Cloudflare mitigated a 29.7 Tbps DDoS attack, the largest ever recorded, originating from the AISURU botnet. The attack lasted 69 seconds and utilized UDP flooding across 15,000 ports per second.

Why This Matters

The technical reality of DDoS defense contrasts sharply with ideal models: while mitigation systems can block traffic, the scale and sophistication of attacks like AISURU’s 29.7 Tbps assault expose gaps in infrastructure resilience. The cost of downtime for targeted sectors—such as finance or telecom—can exceed $1.6 million per hour, per Ponemon Institute data.
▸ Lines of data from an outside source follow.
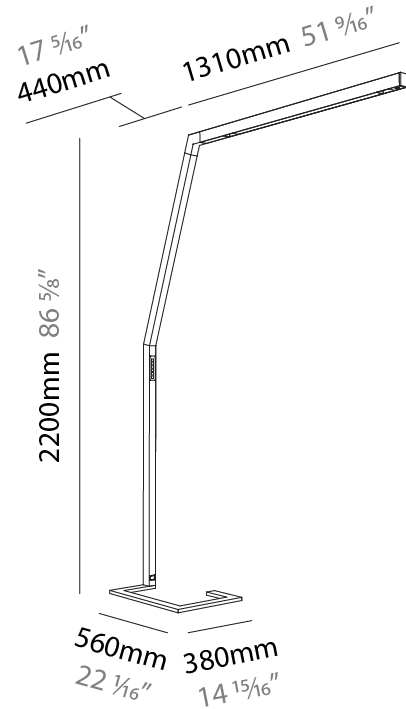

HYPRO-F 160 PORTABLE

A340009-

base number   Color   Finishes   Finishes   Finishes   Finishes   Finishes   Diffuser
Temperature

1. To build a product code in our configurator select the specify button on the base model # product page
2. To build a manual product code on this datasheet choose from the options listed below in blue font and add the suffix to the base model #

GENERAL

Series: Hypro
Subseries: Hypro-F 160
Brand: Prolicht
Division: Architectural
Mounting Type: Portable
Mounting Location: Floor
Subcategory: Floor

PHYSICAL

Shape: Abstract
Length (mm): 1750
Length (in): 68 7/8
Width (mm): 380
Width (in): 14 15/16
Height (mm): 2200
Height (in): 86 5/8
Light Distribution: Direct / Indirect
Diffuser: PMMA - Micro-prism / Rico
Fixture Finish: ANA / SSR / BKV / CWI / CRY / HAB / MSR / UFT / ITA / RUA / OGR / FTG / MYG / RWR / LOD / PUS / FRO / FUP / KIA / POP / BLS / SPG / MEY / GOH / GUM / CHC / COM / ABZ / JAG / OBR / MOS / ROR
Fixture Material: Aluminum Die Cast

ELECTRICAL

Lamp Type: LED (Zhaga Standard)
Input Wattage (W): 96
Total Output Wattage (W): 87.3
Driver Included: Yes
Driver Location: Integrated
Input Voltage (V): 120 - 277

LED

Color Temperature (°K): 3000 / 4000 / TW
Max. Delivered Lumen (lm): 4068-7001
CRI: >90 CRI

OPTICAL

RATINGS AND CERTIFICATIONS

Certified By: Certified for North American Standards
IP rating: IP20

Cloudflare’s mitigation of 2,867 AISURU attacks since 2025 highlights the growing strain on global networks.

Key Insights

  • “29.7 Tbps DDoS attack, 2025”: Cloudflare’s mitigation of the largest recorded attack, per The Hacker News.
  • “UDP carpet-bombing with randomized packets”: Attack method designed to evade detection, as detailed by Cloudflare engineers.
  • “AISURU botnet with 1–4 million infected hosts”: Scale of the botnet powering hyper-volumetric attacks, per The Hacker News.

Practical Applications

  • Use Case: Cloudflare’s mitigation strategies for UDP-based DDoS attacks targeting telecom and financial sectors.
  • Pitfall: Underestimating botnet size leads to insufficient scrubbing capacity, risking service outages during hyper-volumetric attacks.